I have already tried the sql statement in the database and it works with 1 result output which is right.
<?php
session_start();
include "dbconn.php";
$carcat = $_SESSION['selectedcarcat'];
$carbrand = $_POST['carbrand'];
$userid = $_SESSION['loginid'];
$username = $_SESSION['loginname'];
$startdate = $_POST['date1'];
$enddate = $_POST['date2'];
$pick = $_POST['pickuploc'];
$return = $_POST['returnloc'];
$calqty = 0;
$selcaridsql = "SELECT carid FROM cars WHERE brand='$carbrand' ";
$caridresult = $dbcnx->query($selcaridsql);
$caridrow = mysql_fetch_object($caridresult);
$carid = $caridrow['carid'];
if (!$caridresult)
{
$errmessage = "Your carid select query failed.";
echo "<script type='text/javascript'>alert('$errmessage');</script>";
}
echo '<br>Debug 1 ';
echo '<br>The selected qty is '
.$qtyresult1.'<br />';
echo '<br>The calculated qty is '
.$calqty.'<br />';
echo '<br>The content carid is '
.$carid.'<br />';
echo '<br>The content userid is '
.$userid.'<br />';
echo '<br>The content start is '
.$startdate.'<br />';
echo '<br>The content end is '
.$enddate.'<br />';
echo '<br>The content pick is '
.$pick.'<br />';
echo '<br>The content return is '
.$return.'<br />';
echo '<br>The content carbrand is '
.$carbrand.'<br />';
?>
The error occurs with a blank result shown at the "Content carid is". After going through the forums it seems that the variable $carid has no value which I may have inferred wrongly.
The echo results:
Debug 1
The selected qty is
The calculated qty is 0
The content carid is
The content userid is
The content start is 2016-10-28
The content end is 2016-10-29
The content pick is jurong
The content return is bishan
The content carbrand is Honda
Apparently after using var_dump to debug the problem as stated by Chris, the problem was narrowed down to the NULL value that was collected by the mysql_fetch_object($caridresult);. As the DB connection utilizes #$dbcnx = new mysqli('localhost','values','values','values'); the DB class is wrong for retrieving the array values.

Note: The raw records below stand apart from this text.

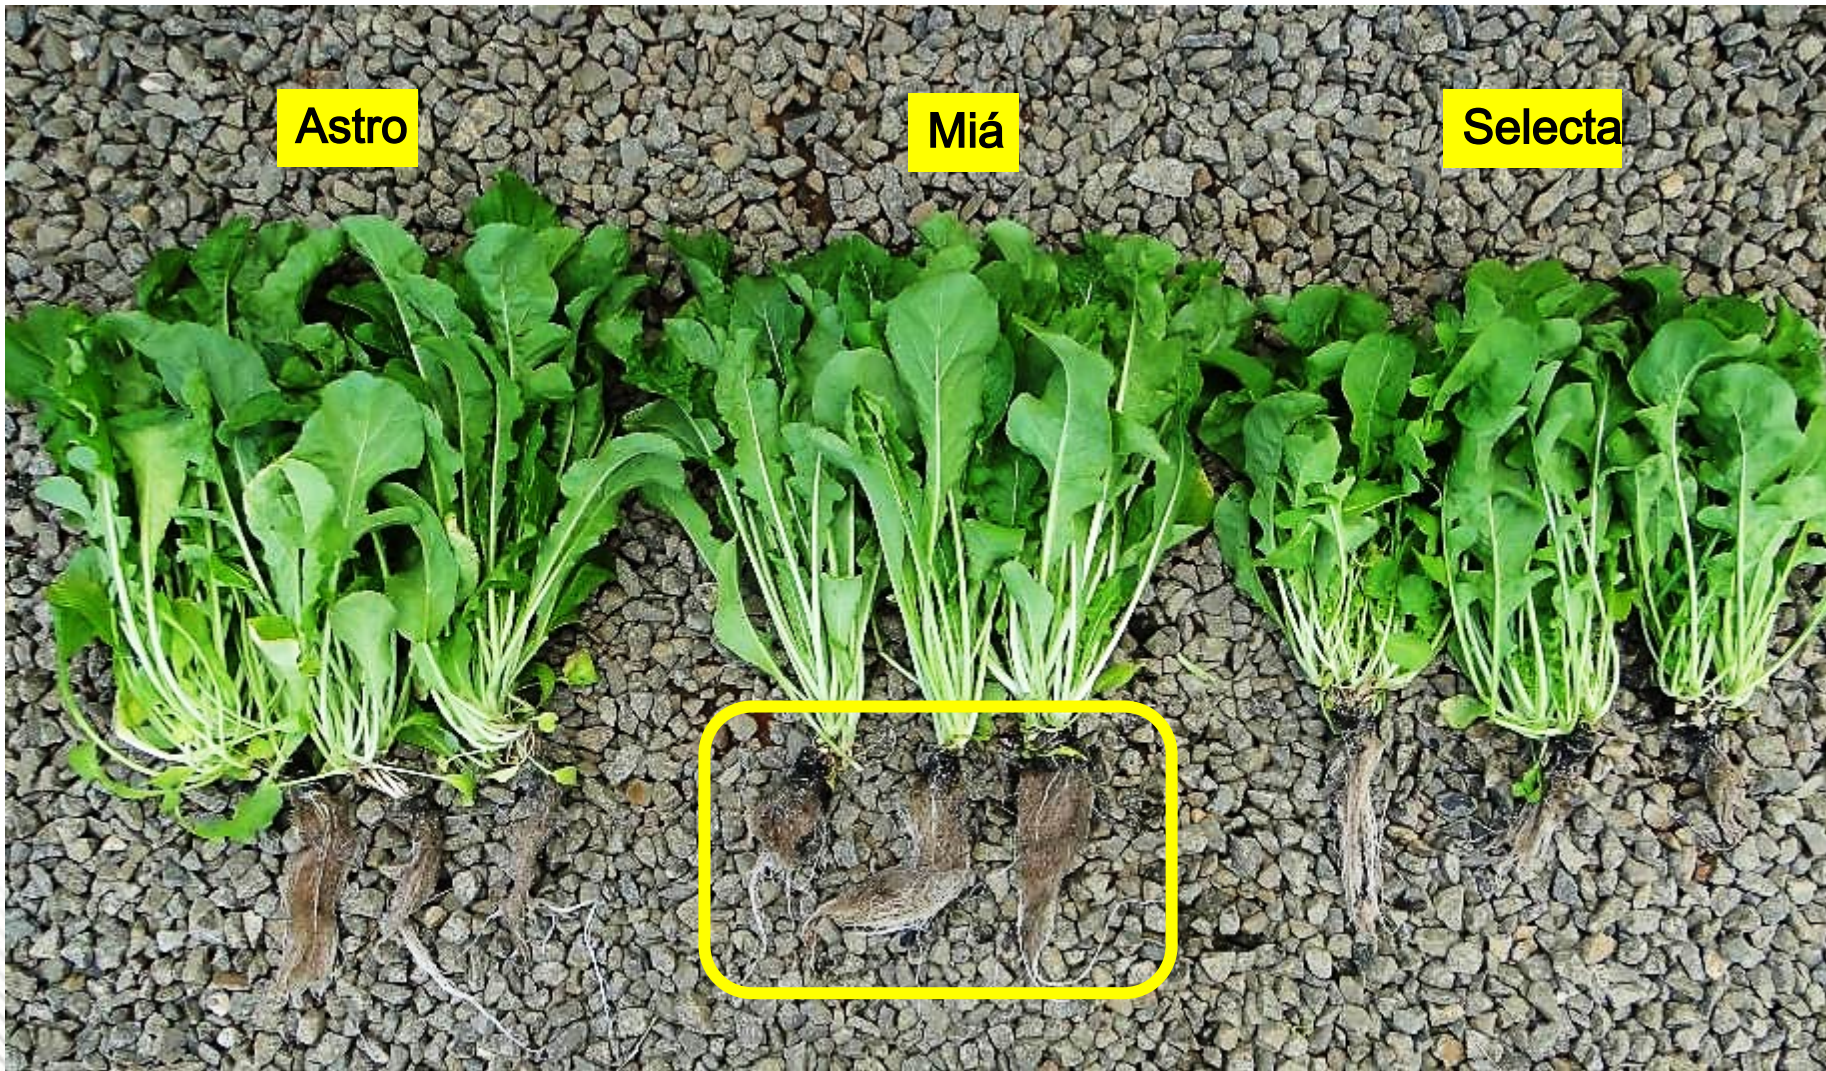

 horticeres[®]
sementes

Rúcula Miá

Ricardo Mikami/Fábio Nakagawa

Rúcula Miá

- Melhor sanidade para Ferrugem branca (Ascochyta blight) e Ferrugem preta (Pseudomonas lingam e maculicola) em relação vários materiais de mercado (constatação de campo)
- Alto volume, peso e rendimento (folhas largas com talos grossos)
- Excelente aceitação mercado
- Bom pós-colheita (inferior em relação a Rúcula)
- Formato diferenciado limbo com pouco recortes
- Uniformidade de stand
- Material não derivado dos concorrentes mercado (tipo diferenciado)
- **“Tropicalizada” seleção nacional**
- **Material validado agronomicamente nas piores janelas do ano**
- **Material validado no varejo: pós-colheita, apresentação comercial, higienização e aceitação consumidores**

 hortices[®]
sementes

Miá formato folhas diferentes

Miá ciclo variável em função da época do ano

Miá folhas largas

Miá hidroponia sistema radicular mais vigoroso

Miá folhas largas e volume

Miá excelente apresentação comercial

Miáprecocidade e volume

Miá padrão diferenciado

Miáfolha larga

Miá padrão diferenciado

“Miá apresenta baixíndice de folhas amarelas chamou a atenção do produtor, porque facilita a operação de colheita”
PRODUTOR Cassio Greboge - São José do Pinhal PR

Therefore the solution would be mysqli_fetch_array.
These codes might be helpful for those trying the debug:
<?php // register.php
session_start();
include "dbconn.php";
$carcat = $_SESSION['selectedcarcat'];
$carbrand = $_POST['carbrand'];
$userid = $_SESSION['loginid'];
$username = $_SESSION['loginname'];
$startdate = $_POST['date1'];
$enddate = $_POST['date2'];
$pick = $_POST['pickuploc'];
$return = $_POST['returnloc'];
$calqty = 0;
$selcaridsql = "SELECT carid FROM cars WHERE brand='$carbrand' ";
echo $selcaridsql."<br>";
$caridresult = $dbcnx->query($selcaridsql);
echo "<br>".var_dump($caridresult);
if ($caridresult->num_rows >0 )
{
// if they are in the database register the user id
echo '<br>Hello more than 1 <br>';
}
else
{
echo '<br>Hello less than 1 <br>';
}
$caridrow = mysqli_fetch_array($caridresult);
echo var_dump($caridrow)."<br>";
$carid = $caridrow['carid'];
echo var_dump($carid)."<br>";
if (!$caridresult)
{
$errmessage = "Your carid select query failed.";
echo "<script type='text/javascript'>alert('$errmessage');</script>";
}
echo '<br>Debug 1 ';
echo '<br>The selected qty is '
.$qtyresult1.'<br />';
echo '<br>The calculated qty is '
.$calqty.'<br />';
echo '<br>The content carid is '
.$carid.'<br />';
echo '<br>The content userid is '
.$userid.'<br />';
echo '<br>The content start is '
.$startdate.'<br />';
echo '<br>The content end is '
.$enddate.'<br />';
echo '<br>The content pick is '
.$pick.'<br />';
echo '<br>The content return is '
.$return.'<br />';
echo '<br>The content carbrand is '
.$carbrand.'<br />';
?>
Special Thanks to Chris for helping to find the error!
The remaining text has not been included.